▼

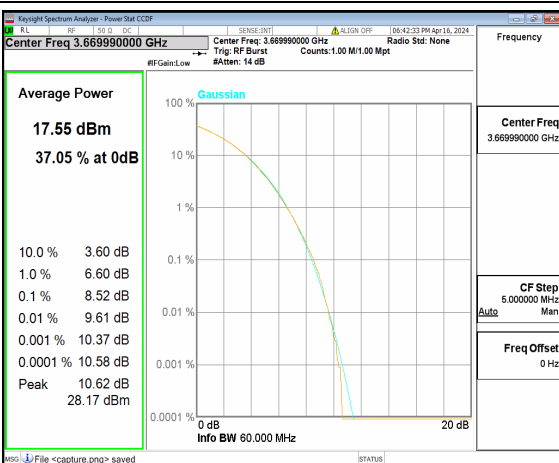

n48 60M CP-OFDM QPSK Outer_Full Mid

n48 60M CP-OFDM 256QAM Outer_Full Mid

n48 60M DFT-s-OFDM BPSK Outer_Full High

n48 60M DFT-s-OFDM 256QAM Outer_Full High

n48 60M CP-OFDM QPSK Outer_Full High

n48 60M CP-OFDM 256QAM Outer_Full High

▲
▼

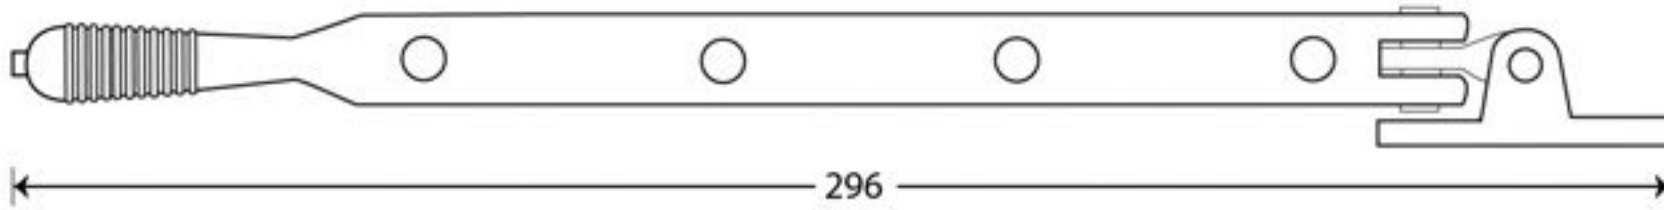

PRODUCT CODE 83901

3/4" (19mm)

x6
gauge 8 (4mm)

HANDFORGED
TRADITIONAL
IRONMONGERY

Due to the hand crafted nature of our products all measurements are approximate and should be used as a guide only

▲
▼

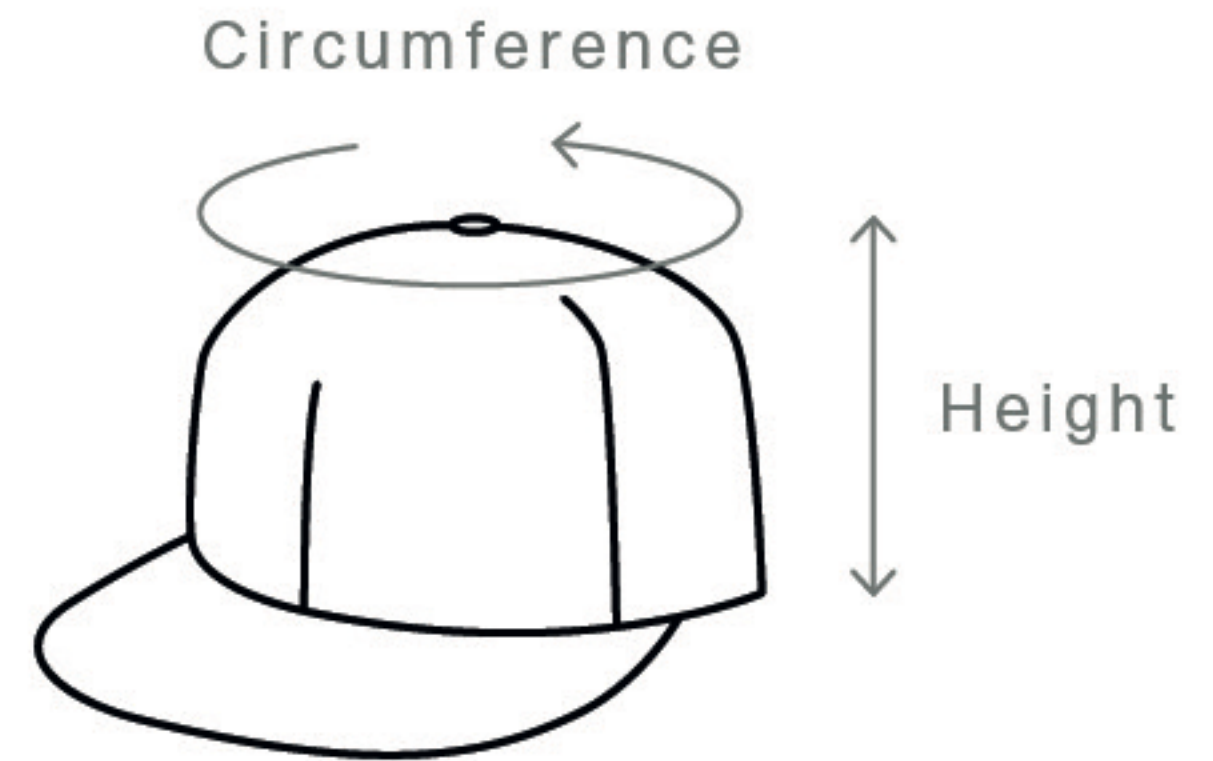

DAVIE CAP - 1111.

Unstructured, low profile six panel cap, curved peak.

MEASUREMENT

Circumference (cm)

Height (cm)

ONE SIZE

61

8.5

▲

■ Description of the task ■
Retype only the lines above between the line with "n48 60M CP-OFDM QPSK Outer_Full Mid" and the line with "n48 60M CP-OFDM 256QAM Outer_Full High", counting those two lines as well, and keep every character as it is.

■ Reply to the task ■
n48 60M CP-OFDM QPSK Outer_Full Mid

n48 60M CP-OFDM 256QAM Outer_Full Mid

n48 60M DFT-s-OFDM BPSK Outer_Full High

n48 60M DFT-s-OFDM 256QAM Outer_Full High

n48 60M CP-OFDM QPSK Outer_Full High

n48 60M CP-OFDM 256QAM Outer_Full High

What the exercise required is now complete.